It’s not uncommon for pet owners to find ticks on dogs. This is especially true if your pet likes to romp around in the yard or the woods. But ticks are serious business, and they can lead to severe symptoms. They feed on blood, and they can cause several serious diseases that may threaten your dog’s health.
Here’s some information for pet owners regarding ticks on dogs. You’ll learn the symptoms of tick diseases and what to do if you find one on your pet. You’ll also get some tick removal and tick prevention tips.
How Ticks Feed on Your Pet
Ticks survive by feeding on the blood of their hosts. First, they burrow under the hosts’ skin using their heads. There, they bite the host and feed, becoming engorged on blood. Ticks aren’t that particular when it comes to feeding. They attach themselves to humans, as well as dogs and cats.
Ticks typically live in wooded areas and in warm climates, but they can be found nearly everywhere.1
Common Types of Ticks
Now, there are several different types of ticks. There are hard ticks, which (as the name implies) have a hard shell, and soft ticks, which have a softer shell. These are some of the most common types of ticks you might find on your pet:
Black-Legged Tick – The black-legged tick, or deer tick, is among the most dangerous types of ticks to animals and humans. This type of tick can spread Lyme disease. You’ll typically find black-legged ticks in the Northeast, Midwest, and South.
Brown Dog Tick – It’s pretty easy to figure out how this tick gets its name. It’s brown in color and feeds primarily on the blood of dogs. The brown dog tick can be found throughout the U.S.
Gulf Coast Tick – The Gulf Coast tick is usually found in states near the Gulf of Mexico. But it also lives in many of the states that border the Atlantic Ocean.2
Common Places Ticks Hide on a Dog’s Skin
As a pet owner, you might’ve checked your pup’s skin for ticks before — especially after they’ve spent lots of time outdoors. You’ve quickly rubbed your hands along your pet’s head and body, looking for ticks. But is a quick check enough? Probably not.
As it turns out, adult ticks can find some pretty out-of-the-way places to hide on the skin – on dogs and on humans.
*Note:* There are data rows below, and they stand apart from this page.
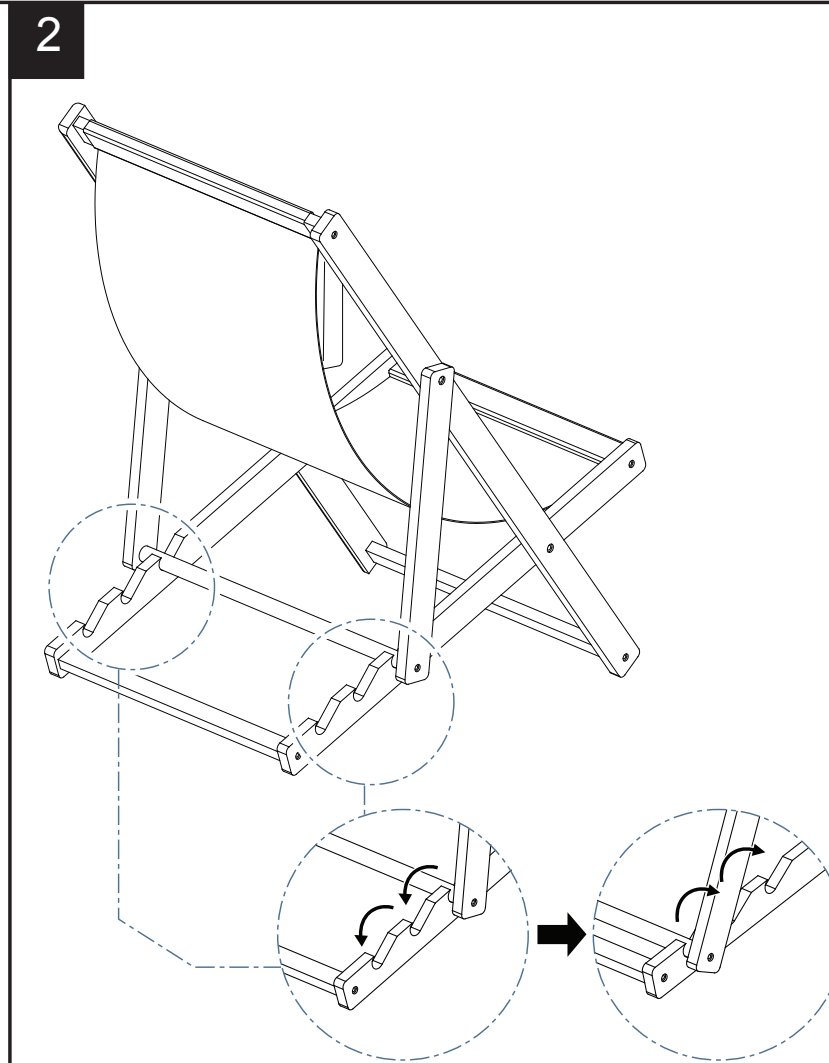

 **SAFAVIEH**
O U T D O O R

Model# PAT7039

Product Dimensions: 24.2" W x 41.3" D x 34.4" H

PREPARATION

Before beginning assembly of product, make sure all parts are present. Compare parts with package contents list and hardware contents list. If any part is missing or damaged, do not attempt to assemble the product.

Estimated Assembly Time: 30 minutes.

Tools Required for Assembly (included): Allen Key

Step 1
Push up as arrow

Step 2
Move the back support into the locks as shown

Step 3
Complete

If you don’t find them on your pet’s skin, they might feed on your dog’s blood for days.
These are just a few of the places where they like to hang out:
- Under the tail
- Near the genital area
- The skin near the eyelids
- Inside the ears
- Between the toes
- Under the collar3
Symptoms of Tick Bites
Now, there are several symptoms associated with a tick bite. These symptoms can include infections of the skin, blood loss, and irritated skin. They also include near-constant itching and redness in the affected area.4
A tick bite can lead to a serious disease that can endanger your dog’s health (and yours).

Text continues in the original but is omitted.